From the FT Lex column:
A new “asset class” is being exposed as just another management and financing technique, and a pretty debatable one at that. But would a potential freeze in leveraged buy-outs be as bad for public equities as some fear? The argument that markets price in LBOs across the board is actually pretty weak.
Private Equity Intelligence provide an estimate for “dry powder” — committed equity as yet unspent — for buy-out funds. To this can be added the likely capital raised by private equity outfits on the road now, to produce a total of $548bn. It is reasonable to assume that this money is spent on takeovers which are three-quarters debt financed and which occur at a one-third premium to the stock market price.
On this basis, the total LBO takeover premium due to be paid to stock market investors is $506bn. This is only 2 per cent of North American and European market capitalisation. Of course, this might be concentrated in specific areas — mid-capitalisation stocks for example — and in certain countries, such as the UK. But if investors are accurately discounting the immediate pipeline of activity, anticipated LBO takeover premiums are not heavily distorting equity prices in aggregate.
Of course, stock markets might be discounting a much longer golden era of near-indiscriminate buy-outs. This is what fans of private equity predict: the underwriters’ research on Fortress Group, for example, is comically bullish, in one case predicting that assets under management will rise by 15 times by 2016.

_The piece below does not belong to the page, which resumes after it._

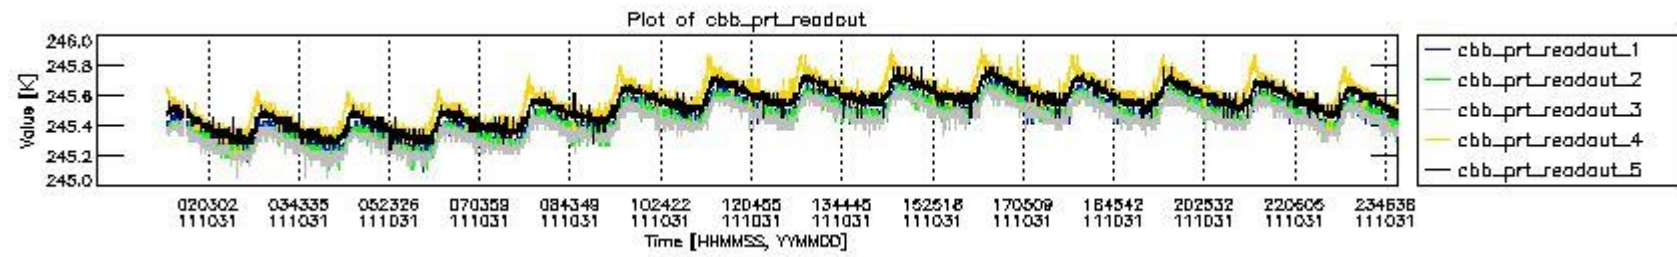

mipas_daily_report_level0_KSPT_L0_4504_N_20111031_9.PNG

Yet it is doubtful that public equity investors in aggregate accept this kind of “new paradigm” argument. If they believed the conditions were ripe for a sustained, massive rise in leverage, most big quoted companies would not have prudent balance sheets and be valued on earnings multiples that imply profits may be near a cyclical peak. Public equities probably reflect the view that the LBO boom is a cyclical phenomena of finite duration and questionable wisdom.